## WORK TO BE COMPLETED
Please transcribe the data that follows exactly, from its first line through the line that contains "- ✓ IP65 Weather Rating".

Records drawn from a dataset:
╔══
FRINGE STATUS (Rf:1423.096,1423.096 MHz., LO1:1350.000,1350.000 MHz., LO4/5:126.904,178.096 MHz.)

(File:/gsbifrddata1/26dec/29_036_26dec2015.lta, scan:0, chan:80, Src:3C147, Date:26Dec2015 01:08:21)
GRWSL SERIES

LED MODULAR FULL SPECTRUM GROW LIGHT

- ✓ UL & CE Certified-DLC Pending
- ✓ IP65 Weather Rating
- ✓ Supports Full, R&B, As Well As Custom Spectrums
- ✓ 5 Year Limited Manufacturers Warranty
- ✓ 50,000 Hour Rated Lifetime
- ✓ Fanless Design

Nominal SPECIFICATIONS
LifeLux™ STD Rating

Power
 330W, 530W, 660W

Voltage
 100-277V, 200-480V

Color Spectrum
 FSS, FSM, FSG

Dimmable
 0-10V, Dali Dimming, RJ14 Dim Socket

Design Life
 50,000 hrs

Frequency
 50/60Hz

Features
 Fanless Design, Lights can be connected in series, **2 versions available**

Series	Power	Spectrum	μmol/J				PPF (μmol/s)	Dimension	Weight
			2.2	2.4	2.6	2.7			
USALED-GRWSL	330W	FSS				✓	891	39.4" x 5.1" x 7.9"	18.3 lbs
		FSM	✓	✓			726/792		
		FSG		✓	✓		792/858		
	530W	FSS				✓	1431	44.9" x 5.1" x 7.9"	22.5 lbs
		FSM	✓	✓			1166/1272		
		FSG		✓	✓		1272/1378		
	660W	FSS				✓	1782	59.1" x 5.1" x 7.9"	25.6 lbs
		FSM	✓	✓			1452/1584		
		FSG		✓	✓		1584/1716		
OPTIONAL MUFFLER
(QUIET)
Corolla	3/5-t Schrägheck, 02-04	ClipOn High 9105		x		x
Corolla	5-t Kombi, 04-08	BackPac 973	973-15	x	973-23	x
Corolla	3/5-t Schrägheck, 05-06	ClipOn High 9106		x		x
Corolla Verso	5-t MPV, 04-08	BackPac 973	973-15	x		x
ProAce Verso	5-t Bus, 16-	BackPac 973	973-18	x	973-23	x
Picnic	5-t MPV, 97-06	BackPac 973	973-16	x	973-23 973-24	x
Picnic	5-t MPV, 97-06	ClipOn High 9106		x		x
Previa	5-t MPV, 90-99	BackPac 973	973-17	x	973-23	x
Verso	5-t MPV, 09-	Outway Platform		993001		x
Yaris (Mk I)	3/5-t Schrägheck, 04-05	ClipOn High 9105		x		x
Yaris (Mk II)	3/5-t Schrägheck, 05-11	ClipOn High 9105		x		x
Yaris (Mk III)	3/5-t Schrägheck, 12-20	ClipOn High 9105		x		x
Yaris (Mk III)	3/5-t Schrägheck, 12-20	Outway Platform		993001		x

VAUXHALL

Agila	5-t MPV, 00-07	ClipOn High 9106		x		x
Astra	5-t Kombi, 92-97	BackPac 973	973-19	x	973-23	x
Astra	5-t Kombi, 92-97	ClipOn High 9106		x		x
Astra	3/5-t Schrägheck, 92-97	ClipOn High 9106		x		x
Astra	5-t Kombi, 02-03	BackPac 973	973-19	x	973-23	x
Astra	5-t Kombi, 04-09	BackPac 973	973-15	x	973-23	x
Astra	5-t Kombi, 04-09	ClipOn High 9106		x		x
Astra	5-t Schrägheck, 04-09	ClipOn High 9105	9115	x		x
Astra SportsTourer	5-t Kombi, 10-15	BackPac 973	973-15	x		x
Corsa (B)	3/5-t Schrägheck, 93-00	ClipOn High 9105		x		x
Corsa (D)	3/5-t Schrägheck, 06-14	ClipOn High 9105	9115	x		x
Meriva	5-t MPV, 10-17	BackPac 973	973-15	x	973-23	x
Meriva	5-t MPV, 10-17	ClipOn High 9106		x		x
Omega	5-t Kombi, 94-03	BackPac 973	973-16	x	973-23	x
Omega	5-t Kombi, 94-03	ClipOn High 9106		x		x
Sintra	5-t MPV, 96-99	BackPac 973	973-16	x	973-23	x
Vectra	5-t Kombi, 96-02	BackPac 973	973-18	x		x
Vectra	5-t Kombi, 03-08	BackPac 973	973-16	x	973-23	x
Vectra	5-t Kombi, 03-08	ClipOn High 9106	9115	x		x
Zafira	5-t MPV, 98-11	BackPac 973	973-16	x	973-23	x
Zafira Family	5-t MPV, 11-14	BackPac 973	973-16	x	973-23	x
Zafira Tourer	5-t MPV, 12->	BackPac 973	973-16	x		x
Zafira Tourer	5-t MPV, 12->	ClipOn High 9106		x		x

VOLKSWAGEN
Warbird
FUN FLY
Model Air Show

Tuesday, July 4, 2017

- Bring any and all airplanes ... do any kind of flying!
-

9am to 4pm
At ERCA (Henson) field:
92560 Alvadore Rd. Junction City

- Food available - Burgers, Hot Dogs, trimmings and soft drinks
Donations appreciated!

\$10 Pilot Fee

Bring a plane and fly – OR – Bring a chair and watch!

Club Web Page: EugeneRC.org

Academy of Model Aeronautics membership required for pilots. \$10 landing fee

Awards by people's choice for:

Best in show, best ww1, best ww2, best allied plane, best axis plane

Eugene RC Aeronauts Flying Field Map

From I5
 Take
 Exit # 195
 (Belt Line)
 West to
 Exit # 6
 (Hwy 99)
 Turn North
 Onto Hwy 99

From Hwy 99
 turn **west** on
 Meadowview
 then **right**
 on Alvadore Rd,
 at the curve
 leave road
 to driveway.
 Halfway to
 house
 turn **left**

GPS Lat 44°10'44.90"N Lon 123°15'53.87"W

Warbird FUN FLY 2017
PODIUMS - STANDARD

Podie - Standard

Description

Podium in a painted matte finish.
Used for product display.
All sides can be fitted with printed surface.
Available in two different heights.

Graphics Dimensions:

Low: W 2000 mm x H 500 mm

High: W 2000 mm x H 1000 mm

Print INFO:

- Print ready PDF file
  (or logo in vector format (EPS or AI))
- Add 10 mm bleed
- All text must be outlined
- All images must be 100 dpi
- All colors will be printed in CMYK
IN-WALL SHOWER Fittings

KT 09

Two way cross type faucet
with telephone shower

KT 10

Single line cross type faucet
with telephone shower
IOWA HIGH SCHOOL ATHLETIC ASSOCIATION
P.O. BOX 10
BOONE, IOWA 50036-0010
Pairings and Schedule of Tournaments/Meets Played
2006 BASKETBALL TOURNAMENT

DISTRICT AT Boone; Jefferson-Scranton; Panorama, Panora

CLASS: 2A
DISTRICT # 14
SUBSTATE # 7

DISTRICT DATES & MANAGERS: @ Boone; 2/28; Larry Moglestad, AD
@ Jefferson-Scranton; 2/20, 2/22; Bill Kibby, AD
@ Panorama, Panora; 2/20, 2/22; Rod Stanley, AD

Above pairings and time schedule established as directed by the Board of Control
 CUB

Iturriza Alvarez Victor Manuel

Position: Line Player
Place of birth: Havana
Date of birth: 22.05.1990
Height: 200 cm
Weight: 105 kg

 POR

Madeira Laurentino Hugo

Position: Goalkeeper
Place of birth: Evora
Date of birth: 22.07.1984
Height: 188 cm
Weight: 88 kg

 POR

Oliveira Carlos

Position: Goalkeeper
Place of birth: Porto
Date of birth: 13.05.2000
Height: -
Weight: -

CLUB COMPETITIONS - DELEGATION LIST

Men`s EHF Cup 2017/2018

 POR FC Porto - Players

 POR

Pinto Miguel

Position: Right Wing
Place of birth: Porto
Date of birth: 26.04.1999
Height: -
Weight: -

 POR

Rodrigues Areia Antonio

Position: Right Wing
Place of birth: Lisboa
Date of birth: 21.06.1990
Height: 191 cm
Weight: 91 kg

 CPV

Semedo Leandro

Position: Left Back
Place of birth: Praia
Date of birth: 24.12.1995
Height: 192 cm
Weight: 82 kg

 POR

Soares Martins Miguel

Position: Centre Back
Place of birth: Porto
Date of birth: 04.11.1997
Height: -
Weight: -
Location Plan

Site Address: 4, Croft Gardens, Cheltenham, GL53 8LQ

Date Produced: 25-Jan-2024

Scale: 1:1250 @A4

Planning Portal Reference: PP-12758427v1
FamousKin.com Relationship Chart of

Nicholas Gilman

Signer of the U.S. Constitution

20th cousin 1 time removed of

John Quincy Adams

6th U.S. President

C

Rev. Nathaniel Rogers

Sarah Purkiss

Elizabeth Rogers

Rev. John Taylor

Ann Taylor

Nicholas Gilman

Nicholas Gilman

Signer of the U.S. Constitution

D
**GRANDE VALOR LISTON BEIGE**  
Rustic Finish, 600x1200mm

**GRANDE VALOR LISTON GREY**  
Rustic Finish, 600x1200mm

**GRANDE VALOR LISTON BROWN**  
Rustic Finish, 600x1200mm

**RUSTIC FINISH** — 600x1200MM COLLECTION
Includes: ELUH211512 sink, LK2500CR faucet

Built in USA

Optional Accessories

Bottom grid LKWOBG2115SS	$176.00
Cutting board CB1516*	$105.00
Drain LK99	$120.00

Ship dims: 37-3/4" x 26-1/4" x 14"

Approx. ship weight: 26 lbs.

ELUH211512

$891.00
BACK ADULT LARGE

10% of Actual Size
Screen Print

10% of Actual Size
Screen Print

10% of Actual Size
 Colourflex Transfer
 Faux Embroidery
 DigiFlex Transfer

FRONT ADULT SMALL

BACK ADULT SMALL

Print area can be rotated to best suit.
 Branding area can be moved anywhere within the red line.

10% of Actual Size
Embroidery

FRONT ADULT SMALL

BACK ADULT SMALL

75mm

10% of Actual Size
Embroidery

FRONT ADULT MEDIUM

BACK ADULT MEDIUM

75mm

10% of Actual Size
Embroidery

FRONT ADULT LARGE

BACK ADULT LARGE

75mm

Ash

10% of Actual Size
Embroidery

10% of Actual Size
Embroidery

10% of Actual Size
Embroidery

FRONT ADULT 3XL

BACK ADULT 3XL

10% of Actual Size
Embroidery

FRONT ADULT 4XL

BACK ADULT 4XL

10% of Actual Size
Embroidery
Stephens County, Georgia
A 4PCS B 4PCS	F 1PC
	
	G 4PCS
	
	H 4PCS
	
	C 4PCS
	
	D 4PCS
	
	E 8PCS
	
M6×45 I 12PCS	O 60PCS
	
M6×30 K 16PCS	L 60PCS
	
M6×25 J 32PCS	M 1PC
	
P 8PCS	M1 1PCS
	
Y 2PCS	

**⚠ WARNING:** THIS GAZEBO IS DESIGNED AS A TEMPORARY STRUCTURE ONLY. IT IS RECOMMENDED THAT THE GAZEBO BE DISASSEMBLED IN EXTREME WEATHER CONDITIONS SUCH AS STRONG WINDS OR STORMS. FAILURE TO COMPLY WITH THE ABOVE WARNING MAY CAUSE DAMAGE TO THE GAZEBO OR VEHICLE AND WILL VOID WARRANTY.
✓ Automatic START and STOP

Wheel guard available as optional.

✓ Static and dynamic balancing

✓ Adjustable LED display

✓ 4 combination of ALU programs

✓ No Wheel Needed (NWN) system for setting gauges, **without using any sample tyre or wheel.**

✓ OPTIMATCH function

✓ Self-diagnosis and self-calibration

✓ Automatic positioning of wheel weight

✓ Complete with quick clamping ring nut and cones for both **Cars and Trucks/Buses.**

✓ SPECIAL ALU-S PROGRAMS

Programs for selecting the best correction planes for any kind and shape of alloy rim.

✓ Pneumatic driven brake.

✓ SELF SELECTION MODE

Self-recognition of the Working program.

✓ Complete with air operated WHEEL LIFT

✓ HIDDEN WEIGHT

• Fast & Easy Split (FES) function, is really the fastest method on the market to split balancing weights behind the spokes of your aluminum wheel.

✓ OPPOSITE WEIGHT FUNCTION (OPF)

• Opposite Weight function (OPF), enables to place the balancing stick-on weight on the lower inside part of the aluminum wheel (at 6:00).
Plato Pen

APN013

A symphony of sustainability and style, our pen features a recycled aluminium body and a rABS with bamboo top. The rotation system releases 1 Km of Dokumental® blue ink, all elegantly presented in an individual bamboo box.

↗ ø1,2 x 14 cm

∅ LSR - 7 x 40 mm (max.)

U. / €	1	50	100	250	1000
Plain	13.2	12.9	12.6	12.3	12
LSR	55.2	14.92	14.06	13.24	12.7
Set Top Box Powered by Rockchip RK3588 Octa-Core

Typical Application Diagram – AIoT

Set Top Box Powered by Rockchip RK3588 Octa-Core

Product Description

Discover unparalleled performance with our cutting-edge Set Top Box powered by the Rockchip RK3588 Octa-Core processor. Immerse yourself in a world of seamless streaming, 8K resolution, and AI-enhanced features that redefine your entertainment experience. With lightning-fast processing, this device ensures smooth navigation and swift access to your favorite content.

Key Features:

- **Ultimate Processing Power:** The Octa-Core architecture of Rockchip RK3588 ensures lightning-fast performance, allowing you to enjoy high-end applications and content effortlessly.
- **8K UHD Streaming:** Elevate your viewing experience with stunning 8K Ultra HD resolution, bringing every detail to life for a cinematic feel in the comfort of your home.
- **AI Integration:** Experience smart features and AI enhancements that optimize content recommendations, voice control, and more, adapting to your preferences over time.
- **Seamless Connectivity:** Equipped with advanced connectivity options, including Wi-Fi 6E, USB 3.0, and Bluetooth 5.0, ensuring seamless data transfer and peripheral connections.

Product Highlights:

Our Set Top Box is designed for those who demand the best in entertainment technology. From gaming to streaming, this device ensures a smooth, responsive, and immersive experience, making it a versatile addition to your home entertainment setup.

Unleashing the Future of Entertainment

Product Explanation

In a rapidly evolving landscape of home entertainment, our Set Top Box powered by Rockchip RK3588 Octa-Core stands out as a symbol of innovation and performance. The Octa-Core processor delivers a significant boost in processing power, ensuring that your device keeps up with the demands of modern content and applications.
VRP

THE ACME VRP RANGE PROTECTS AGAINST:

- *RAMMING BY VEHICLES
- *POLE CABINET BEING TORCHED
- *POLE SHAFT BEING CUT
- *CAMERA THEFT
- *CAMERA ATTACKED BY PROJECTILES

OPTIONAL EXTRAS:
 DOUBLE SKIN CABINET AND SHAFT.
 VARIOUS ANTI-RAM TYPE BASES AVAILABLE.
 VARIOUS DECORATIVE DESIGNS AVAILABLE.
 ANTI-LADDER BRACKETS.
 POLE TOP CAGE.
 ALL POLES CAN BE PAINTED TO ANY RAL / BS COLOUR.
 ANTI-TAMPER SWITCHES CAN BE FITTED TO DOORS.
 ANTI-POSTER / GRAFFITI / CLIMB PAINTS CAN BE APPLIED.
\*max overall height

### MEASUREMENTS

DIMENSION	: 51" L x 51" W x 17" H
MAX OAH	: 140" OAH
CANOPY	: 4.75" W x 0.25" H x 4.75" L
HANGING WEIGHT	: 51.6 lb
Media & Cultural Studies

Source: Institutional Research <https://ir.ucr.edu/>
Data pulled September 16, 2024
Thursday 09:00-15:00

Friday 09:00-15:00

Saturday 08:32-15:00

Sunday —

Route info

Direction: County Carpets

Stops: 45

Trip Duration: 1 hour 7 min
╚══
## ANSWER SECTION
FRINGE STATUS (Rf:1423.096,1423.096 MHz., LO1:1350.000,1350.000 MHz., LO4/5:126.904,178.096 MHz.)

(File:/gsbifrddata1/26dec/29_036_26dec2015.lta, scan:0, chan:80, Src:3C147, Date:26Dec2015 01:08:21)
GRWSL SERIES

LED MODULAR FULL SPECTRUM GROW LIGHT

- ✓ UL & CE Certified-DLC Pending
- ✓ IP65 Weather Rating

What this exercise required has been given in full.